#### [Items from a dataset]
*** Begin section ***

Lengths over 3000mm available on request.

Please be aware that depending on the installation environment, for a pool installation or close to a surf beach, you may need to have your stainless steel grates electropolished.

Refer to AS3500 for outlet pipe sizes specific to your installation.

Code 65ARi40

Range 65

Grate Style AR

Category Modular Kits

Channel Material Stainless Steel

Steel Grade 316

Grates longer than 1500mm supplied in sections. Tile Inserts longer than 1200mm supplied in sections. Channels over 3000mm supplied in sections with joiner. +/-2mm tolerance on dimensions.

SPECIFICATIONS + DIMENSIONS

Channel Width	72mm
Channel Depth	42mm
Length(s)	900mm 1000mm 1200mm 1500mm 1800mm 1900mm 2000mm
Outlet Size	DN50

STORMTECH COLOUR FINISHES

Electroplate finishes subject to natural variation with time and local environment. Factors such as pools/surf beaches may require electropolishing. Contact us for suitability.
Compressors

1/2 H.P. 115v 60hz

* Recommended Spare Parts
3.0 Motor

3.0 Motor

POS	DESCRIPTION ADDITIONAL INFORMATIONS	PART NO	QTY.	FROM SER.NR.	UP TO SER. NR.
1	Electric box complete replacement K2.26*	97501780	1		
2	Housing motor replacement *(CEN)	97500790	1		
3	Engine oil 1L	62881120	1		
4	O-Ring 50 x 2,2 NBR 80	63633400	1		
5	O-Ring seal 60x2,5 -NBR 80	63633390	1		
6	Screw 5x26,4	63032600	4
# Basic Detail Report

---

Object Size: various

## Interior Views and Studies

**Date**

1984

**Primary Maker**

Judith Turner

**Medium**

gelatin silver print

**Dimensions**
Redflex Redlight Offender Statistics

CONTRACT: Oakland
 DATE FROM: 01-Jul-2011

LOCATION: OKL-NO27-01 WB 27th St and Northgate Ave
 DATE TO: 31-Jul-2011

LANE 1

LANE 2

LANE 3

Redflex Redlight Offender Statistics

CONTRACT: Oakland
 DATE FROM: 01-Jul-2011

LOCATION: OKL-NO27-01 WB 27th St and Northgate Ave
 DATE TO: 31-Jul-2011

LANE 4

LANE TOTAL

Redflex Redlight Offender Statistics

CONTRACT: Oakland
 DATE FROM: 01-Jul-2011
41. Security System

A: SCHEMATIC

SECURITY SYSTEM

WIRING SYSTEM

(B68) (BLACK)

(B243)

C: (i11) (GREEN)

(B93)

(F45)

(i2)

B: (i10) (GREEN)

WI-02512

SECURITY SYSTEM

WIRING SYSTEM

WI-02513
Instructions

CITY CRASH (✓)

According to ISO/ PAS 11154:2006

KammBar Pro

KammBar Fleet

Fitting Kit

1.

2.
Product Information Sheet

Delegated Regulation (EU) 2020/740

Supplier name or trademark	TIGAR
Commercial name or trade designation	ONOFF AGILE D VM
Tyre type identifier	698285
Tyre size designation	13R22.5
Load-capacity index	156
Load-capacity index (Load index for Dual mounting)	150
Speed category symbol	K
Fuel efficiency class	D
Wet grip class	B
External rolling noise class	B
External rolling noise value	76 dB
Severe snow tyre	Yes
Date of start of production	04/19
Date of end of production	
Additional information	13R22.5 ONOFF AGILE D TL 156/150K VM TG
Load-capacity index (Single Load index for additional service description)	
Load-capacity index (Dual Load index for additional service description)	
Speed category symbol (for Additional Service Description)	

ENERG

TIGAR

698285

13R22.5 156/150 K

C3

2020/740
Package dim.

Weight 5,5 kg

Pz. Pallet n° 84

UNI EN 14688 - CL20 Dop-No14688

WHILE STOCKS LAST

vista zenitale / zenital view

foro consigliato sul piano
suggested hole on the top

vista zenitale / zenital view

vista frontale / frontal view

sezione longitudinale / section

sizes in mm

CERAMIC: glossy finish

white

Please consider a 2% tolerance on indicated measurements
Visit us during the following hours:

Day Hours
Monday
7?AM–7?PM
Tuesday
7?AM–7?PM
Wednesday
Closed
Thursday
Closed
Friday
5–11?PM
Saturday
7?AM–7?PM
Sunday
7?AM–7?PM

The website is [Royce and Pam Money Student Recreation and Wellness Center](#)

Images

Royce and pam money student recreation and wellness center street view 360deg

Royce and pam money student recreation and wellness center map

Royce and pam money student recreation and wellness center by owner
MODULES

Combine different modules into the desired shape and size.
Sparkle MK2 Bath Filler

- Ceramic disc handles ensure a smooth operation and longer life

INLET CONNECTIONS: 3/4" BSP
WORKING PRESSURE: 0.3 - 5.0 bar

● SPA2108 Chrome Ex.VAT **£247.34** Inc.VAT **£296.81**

*** End section ***

#### [Task to carry out]
Transcribe, exactly and without additions, the lines of the records above, beginning with the line that contains "box complete replacement" and ending with the line that contains "Product Information Sheet", both included.

#### [Completed task]
1	Electric box complete replacement K2.26*	97501780	1		
2	Housing motor replacement *(CEN)	97500790	1		
3	Engine oil 1L	62881120	1		
4	O-Ring 50 x 2,2 NBR 80	63633400	1		
5	O-Ring seal 60x2,5 -NBR 80	63633390	1		
6	Screw 5x26,4	63032600	4
# Basic Detail Report

---

Object Size: various

## Interior Views and Studies

**Date**

1984

**Primary Maker**

Judith Turner

**Medium**

gelatin silver print

**Dimensions**
Redflex Redlight Offender Statistics

CONTRACT: Oakland
 DATE FROM: 01-Jul-2011

LOCATION: OKL-NO27-01 WB 27th St and Northgate Ave
 DATE TO: 31-Jul-2011

LANE 1

LANE 2

LANE 3

Redflex Redlight Offender Statistics

CONTRACT: Oakland
 DATE FROM: 01-Jul-2011

LOCATION: OKL-NO27-01 WB 27th St and Northgate Ave
 DATE TO: 31-Jul-2011

LANE 4

LANE TOTAL

Redflex Redlight Offender Statistics

CONTRACT: Oakland
 DATE FROM: 01-Jul-2011
41. Security System

A: SCHEMATIC

SECURITY SYSTEM

WIRING SYSTEM

(B68) (BLACK)

(B243)

C: (i11) (GREEN)

(B93)

(F45)

(i2)

B: (i10) (GREEN)

WI-02512

SECURITY SYSTEM

WIRING SYSTEM

WI-02513
Instructions

CITY CRASH (✓)

According to ISO/ PAS 11154:2006

KammBar Pro

KammBar Fleet

Fitting Kit

1.

2.
Product Information Sheet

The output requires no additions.